Exercise requirements ▸
From the line with "המחנך עיריית לוד - מח.הנדסה" through the line with "אזור פיקודי", repeat the entries verbatim, both end lines included, and add nothing.
···
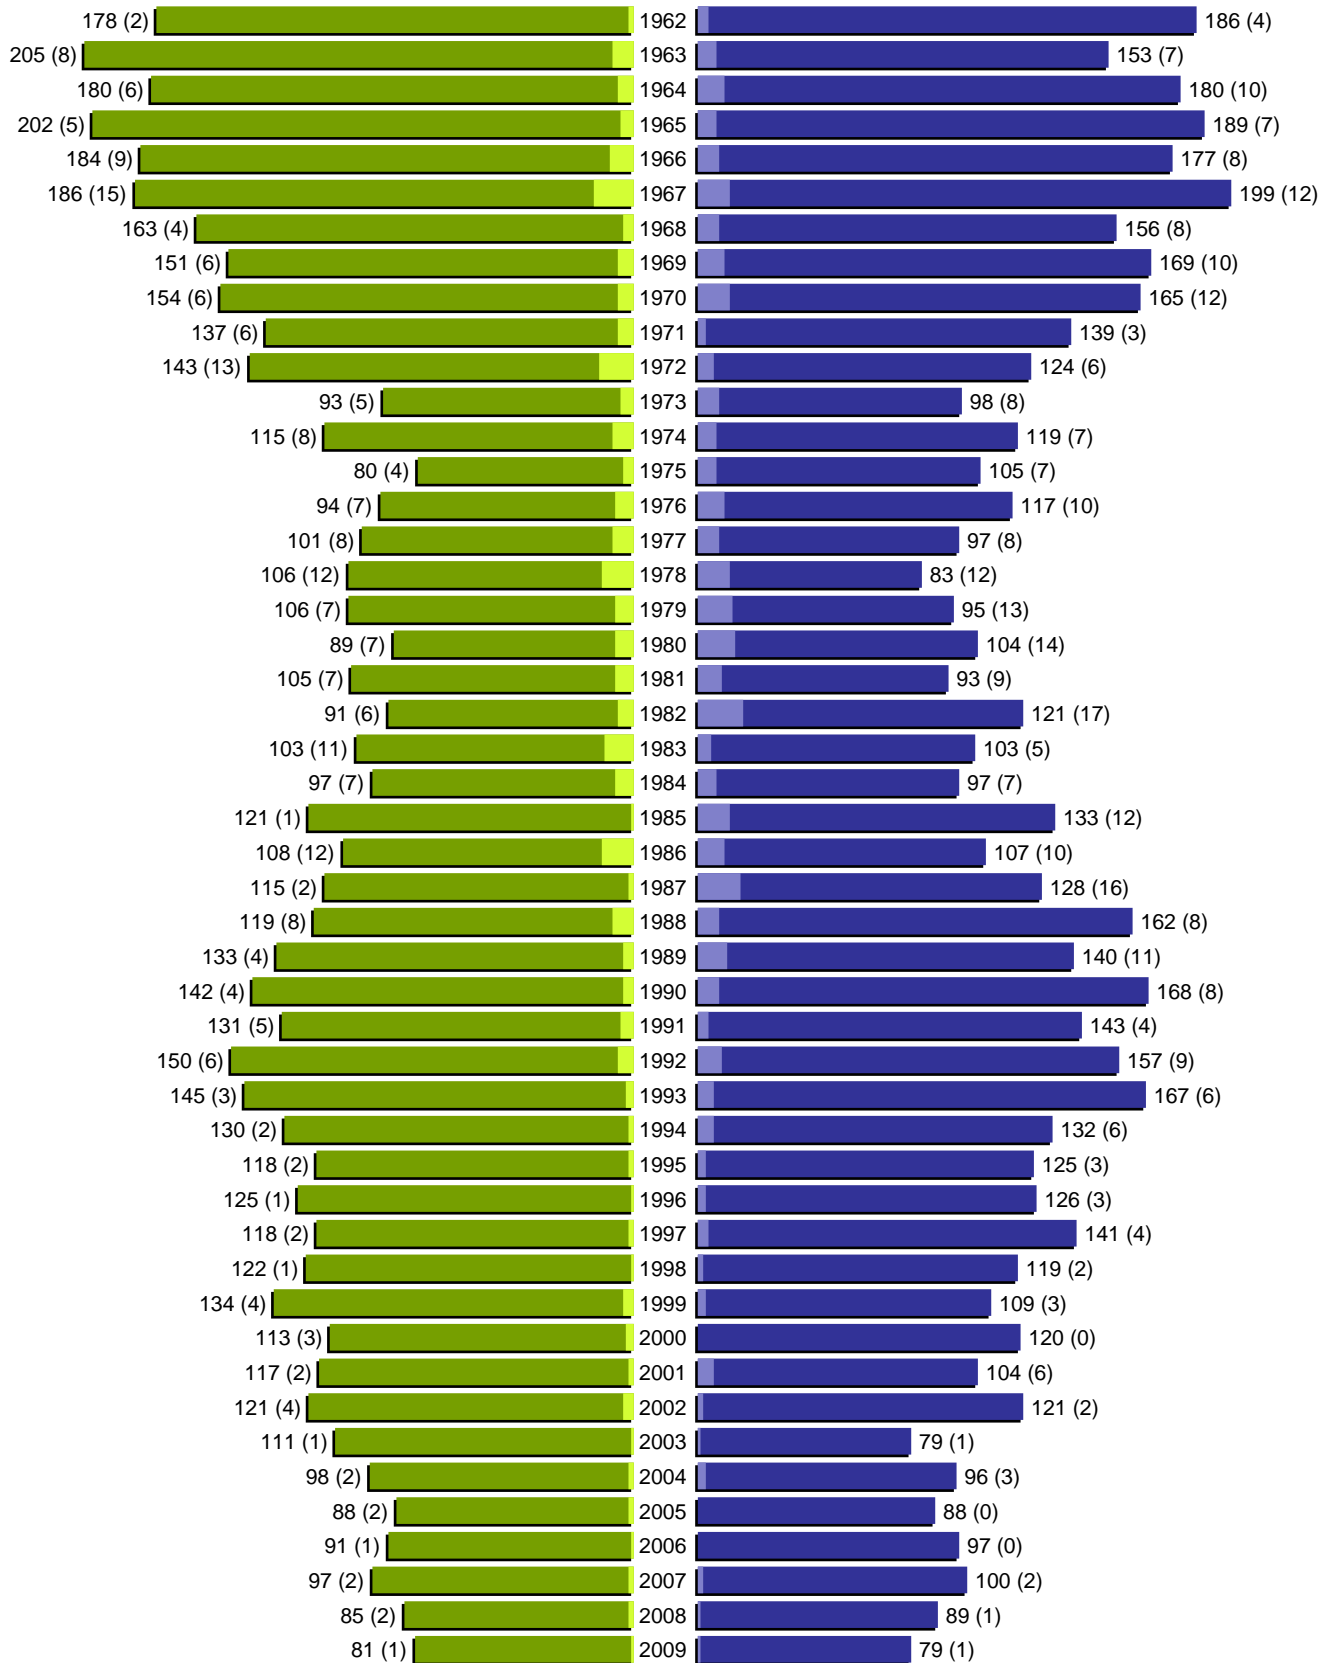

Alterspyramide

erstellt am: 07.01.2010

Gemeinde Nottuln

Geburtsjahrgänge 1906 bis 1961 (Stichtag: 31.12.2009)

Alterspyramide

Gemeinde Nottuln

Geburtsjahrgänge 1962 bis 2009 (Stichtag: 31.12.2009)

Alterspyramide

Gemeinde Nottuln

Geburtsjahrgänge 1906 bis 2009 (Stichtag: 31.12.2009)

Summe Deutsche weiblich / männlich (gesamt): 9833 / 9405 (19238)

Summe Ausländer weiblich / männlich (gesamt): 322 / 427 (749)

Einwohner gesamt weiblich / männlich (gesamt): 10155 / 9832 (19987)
···
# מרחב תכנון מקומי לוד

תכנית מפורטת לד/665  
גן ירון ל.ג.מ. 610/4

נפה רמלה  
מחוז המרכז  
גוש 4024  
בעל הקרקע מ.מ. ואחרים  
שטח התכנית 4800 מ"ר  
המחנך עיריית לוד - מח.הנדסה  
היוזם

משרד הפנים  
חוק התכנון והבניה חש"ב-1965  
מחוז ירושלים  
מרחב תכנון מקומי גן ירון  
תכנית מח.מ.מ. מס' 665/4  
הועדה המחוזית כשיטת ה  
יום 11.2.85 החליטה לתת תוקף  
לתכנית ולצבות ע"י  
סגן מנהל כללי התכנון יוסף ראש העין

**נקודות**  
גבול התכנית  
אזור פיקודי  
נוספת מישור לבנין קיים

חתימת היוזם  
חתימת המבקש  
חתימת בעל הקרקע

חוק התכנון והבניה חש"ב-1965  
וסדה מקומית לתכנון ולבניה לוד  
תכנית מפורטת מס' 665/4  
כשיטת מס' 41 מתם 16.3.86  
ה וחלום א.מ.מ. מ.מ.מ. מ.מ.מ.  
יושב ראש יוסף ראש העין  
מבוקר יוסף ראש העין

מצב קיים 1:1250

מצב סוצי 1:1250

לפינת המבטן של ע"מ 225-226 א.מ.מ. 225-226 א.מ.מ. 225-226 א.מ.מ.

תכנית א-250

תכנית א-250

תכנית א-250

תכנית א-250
···
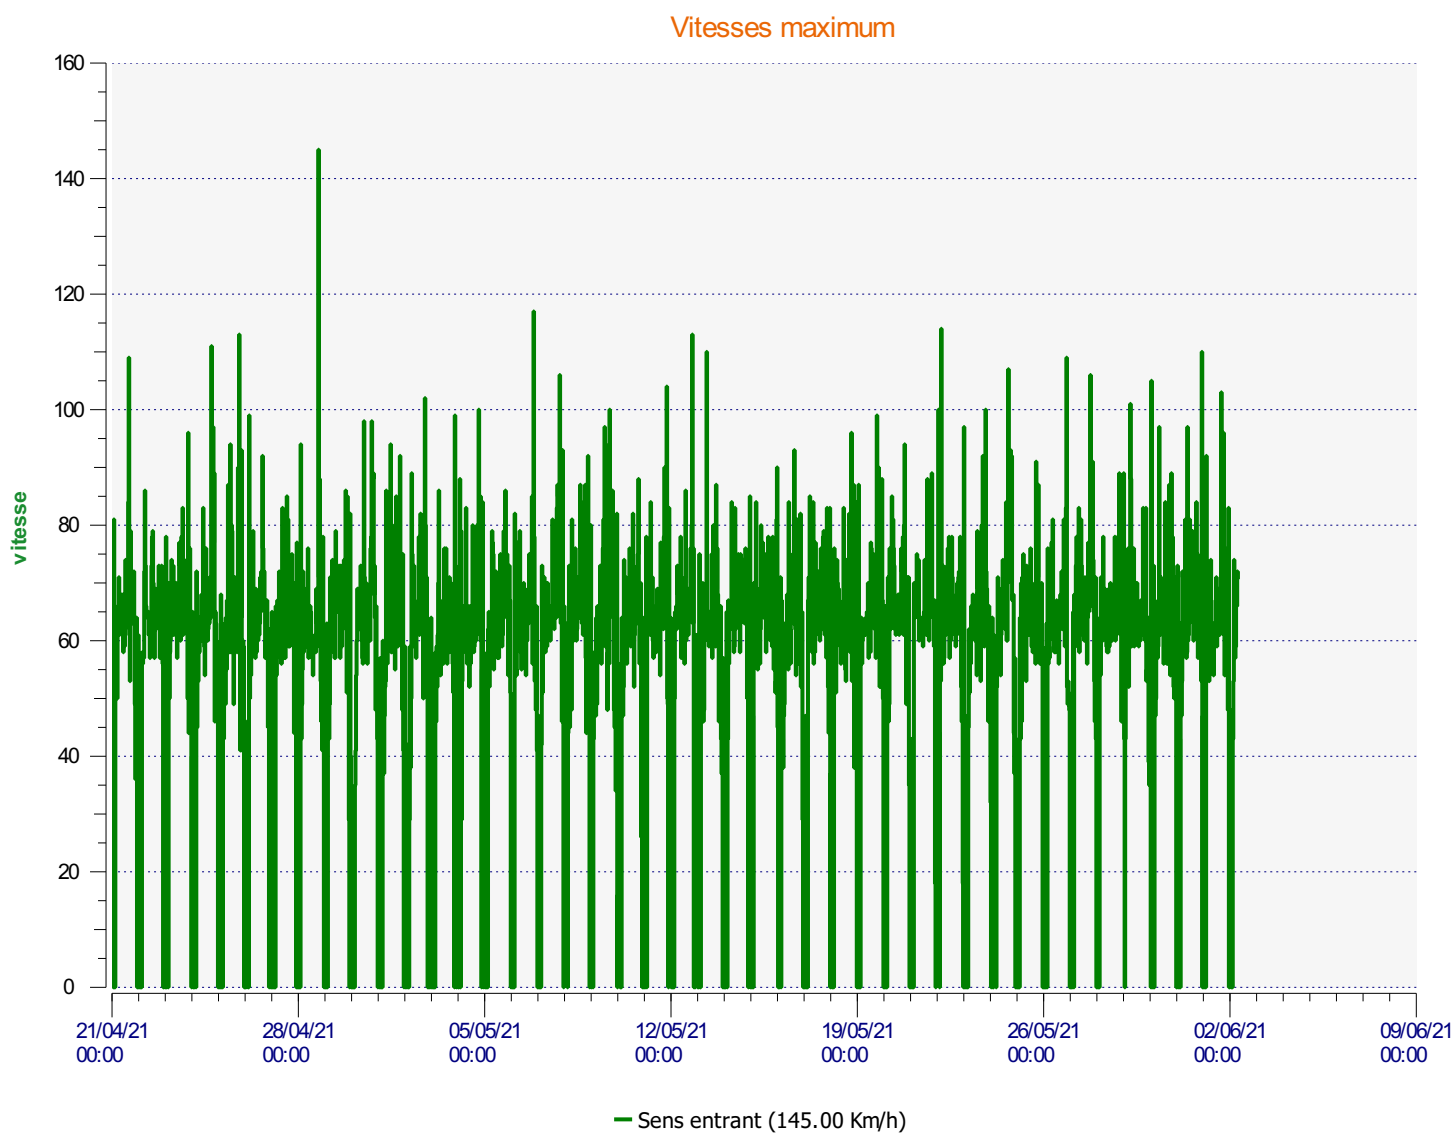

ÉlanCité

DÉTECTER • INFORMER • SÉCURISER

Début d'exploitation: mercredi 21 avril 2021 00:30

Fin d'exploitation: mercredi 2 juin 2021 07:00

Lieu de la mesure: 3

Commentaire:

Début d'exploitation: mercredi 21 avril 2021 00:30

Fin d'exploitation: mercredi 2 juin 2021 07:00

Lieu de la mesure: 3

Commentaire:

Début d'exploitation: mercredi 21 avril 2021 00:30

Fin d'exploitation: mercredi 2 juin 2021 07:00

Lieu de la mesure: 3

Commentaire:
···
Result below ▸
המחנך עיריית לוד - מח.הנדסה  
היוזם

משרד הפנים  
חוק התכנון והבניה חש"ב-1965  
מחוז ירושלים  
מרחב תכנון מקומי גן ירון  
תכנית מח.מ.מ. מס' 665/4  
הועדה המחוזית כשיטת ה  
יום 11.2.85 החליטה לתת תוקף  
לתכנית ולצבות ע"י  
סגן מנהל כללי התכנון יוסף ראש העין

**נקודות**  
גבול התכנית  
אזור פיקודי  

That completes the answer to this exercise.